■ **Problem details**:
Each line of the data below should be restated exactly, with images left out.
Start of Block
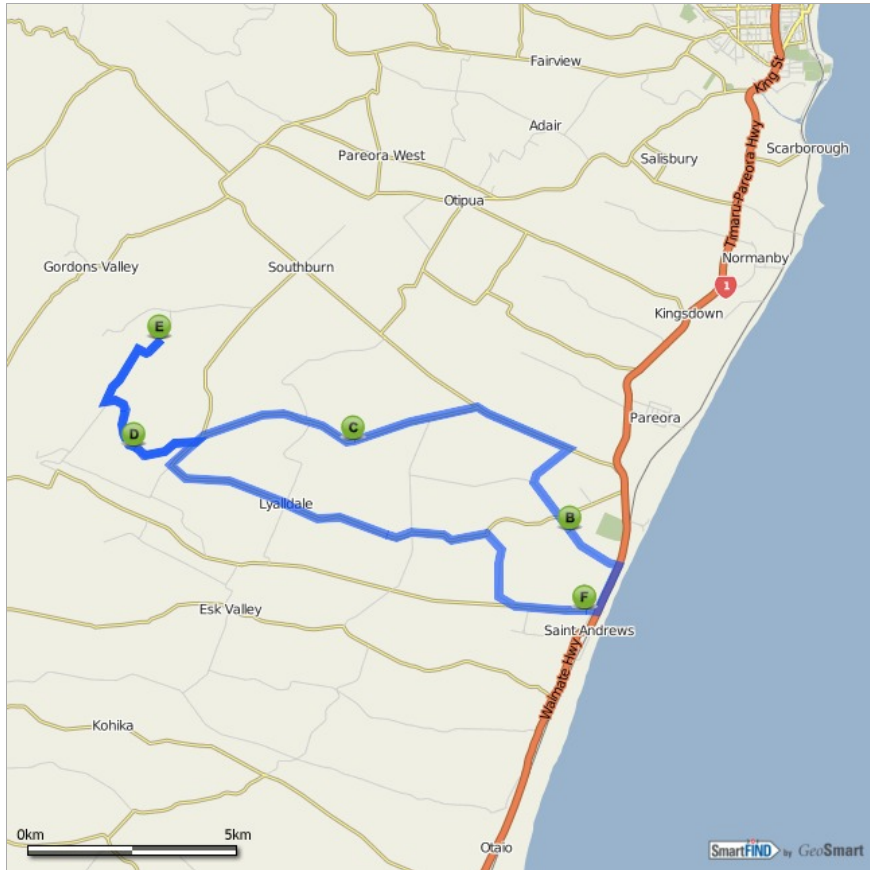

Directions to St Andrew's School (Timaru), 21 Bluecliffs Road, Saint Andrews, Canterbury
38.5 Km - about 1 hour 10 mins

A St Andrew's School (Timaru), 21 Bluecliffs Road, Saint Andrews, Canterbury

1. Starting from **St Andrew's School (Timaru), 21 Bluecliffs Road, Saint Andrews, Canterbury**, go east on **Blue Cliffs Rd**

B Lyllall Road, Saint Andrews, Canterbury

5. Starting from **Lyllall Road, Saint Andrews, Canterbury**, go north west on **Lyllall Rd**

6. After 1.5 Km go **right** onto **Sullivan Rd** 4.4 Km

7. After 1.2 Km go **left** onto **Pareora River Rd** 5.6 Km

13. Continue for 1.6 Km along **Anderson Rd** to **Anderson Road, Southburn, Canterbury** 16.7 Km

D Anderson Road, Southburn, Canterbury

14. Starting from **Anderson Road, Southburn, Canterbury**, go west on **Anderson Rd** 16.7 Km

15. After 1.6 Km go **right** onto **Davisons Rd** 18.3 Km

16. Continue for 2.2 Km along **Davisons Rd** to **75 Davisons Road, Southburn, Canterbury** 20.5 Km

E 75 Davisons Road, Southburn, Canterbury

17. Starting from **75 Davisons Road, Southburn, Canterbury**, go **south west** on **Davisons Rd**
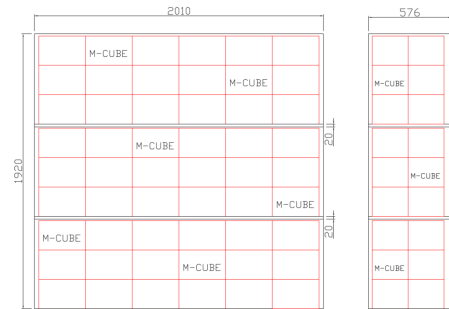

Testing standards:

IMO Res.MSC 81 (70) as amended
MSC. 200 (80), MSC 207 (81)-(Oversize)
MSC. 378 (93)
IMO MSC. 1/Circ.1470

FOLDING M-CUBE

M-CUBE BASKET (3 pcs)

Overall dimensions:
cm 60x36x27 maximum

STANDARD WARDROBE
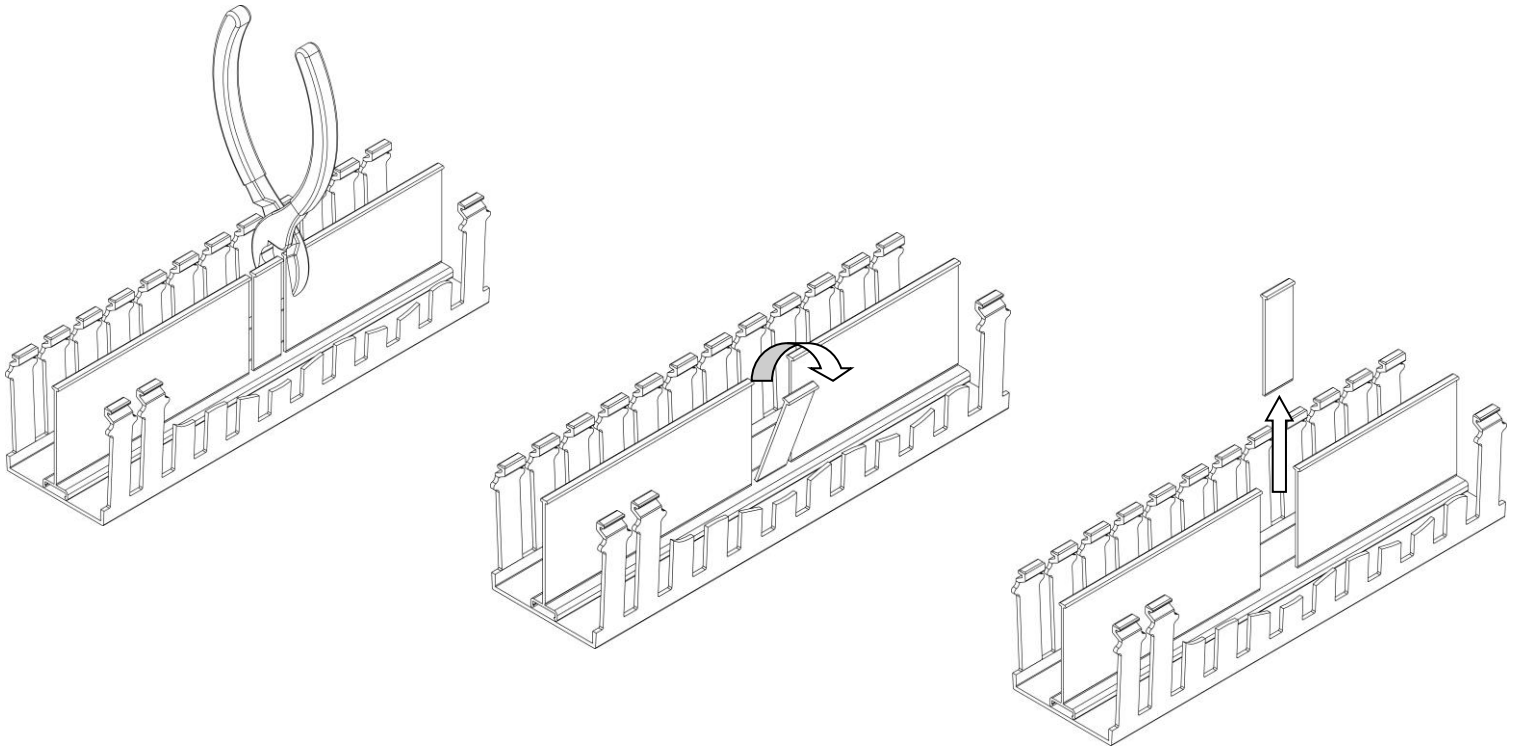

HellermannTyton®

Installation Instructions for: Duct Divider (DV1, DV1.5, DV2, DV3, DV4) and Duct Divider Mount (DVM)

Installation of Duct Divider Mount (DVM) with Mounting Screws or Panel Rivet.

Installation of Duct Divider (DV)

Removing portions of Duct Divider wall with cutting tool (Not Provided).

Installing Cable Ties to Mount (DVM) for bundling wires.

HellermannTyton • 7930 N. Faulkner Rd. Milwaukee, WI 53224

Phone:(800)537-1512 • Fax:(800)848-9866 www.hellermann.tyton.com • email:corp@htamericas.com
End of Block
■ **Answer to the exercise**:
Directions to St Andrew's School (Timaru), 21 Bluecliffs Road, Saint Andrews, Canterbury
38.5 Km - about 1 hour 10 mins

A St Andrew's School (Timaru), 21 Bluecliffs Road, Saint Andrews, Canterbury

1. Starting from **St Andrew's School (Timaru), 21 Bluecliffs Road, Saint Andrews, Canterbury**, go east on **Blue Cliffs Rd**

B Lyllall Road, Saint Andrews, Canterbury

5. Starting from **Lyllall Road, Saint Andrews, Canterbury**, go north west on **Lyllall Rd**

6. After 1.5 Km go **right** onto **Sullivan Rd** 4.4 Km

7. After 1.2 Km go **left** onto **Pareora River Rd** 5.6 Km

13. Continue for 1.6 Km along **Anderson Rd** to **Anderson Road, Southburn, Canterbury** 16.7 Km

D Anderson Road, Southburn, Canterbury

14. Starting from **Anderson Road, Southburn, Canterbury**, go west on **Anderson Rd** 16.7 Km

15. After 1.6 Km go **right** onto **Davisons Rd** 18.3 Km

16. Continue for 2.2 Km along **Davisons Rd** to **75 Davisons Road, Southburn, Canterbury** 20.5 Km

E 75 Davisons Road, Southburn, Canterbury

17. Starting from **75 Davisons Road, Southburn, Canterbury**, go **south west** on **Davisons Rd**

Testing standards:

IMO Res.MSC 81 (70) as amended
MSC. 200 (80), MSC 207 (81)-(Oversize)
MSC. 378 (93)
IMO MSC. 1/Circ.1470

FOLDING M-CUBE

M-CUBE BASKET (3 pcs)

Overall dimensions:
cm 60x36x27 maximum

STANDARD WARDROBE

HellermannTyton®

Installation Instructions for: Duct Divider (DV1, DV1.5, DV2, DV3, DV4) and Duct Divider Mount (DVM)

Installation of Duct Divider Mount (DVM) with Mounting Screws or Panel Rivet.

Installation of Duct Divider (DV)

Removing portions of Duct Divider wall with cutting tool (Not Provided).

Installing Cable Ties to Mount (DVM) for bundling wires.

HellermannTyton • 7930 N. Faulkner Rd. Milwaukee, WI 53224

Phone:(800)537-1512 • Fax:(800)848-9866 www.hellermann.tyton.com • email:corp@htamericas.com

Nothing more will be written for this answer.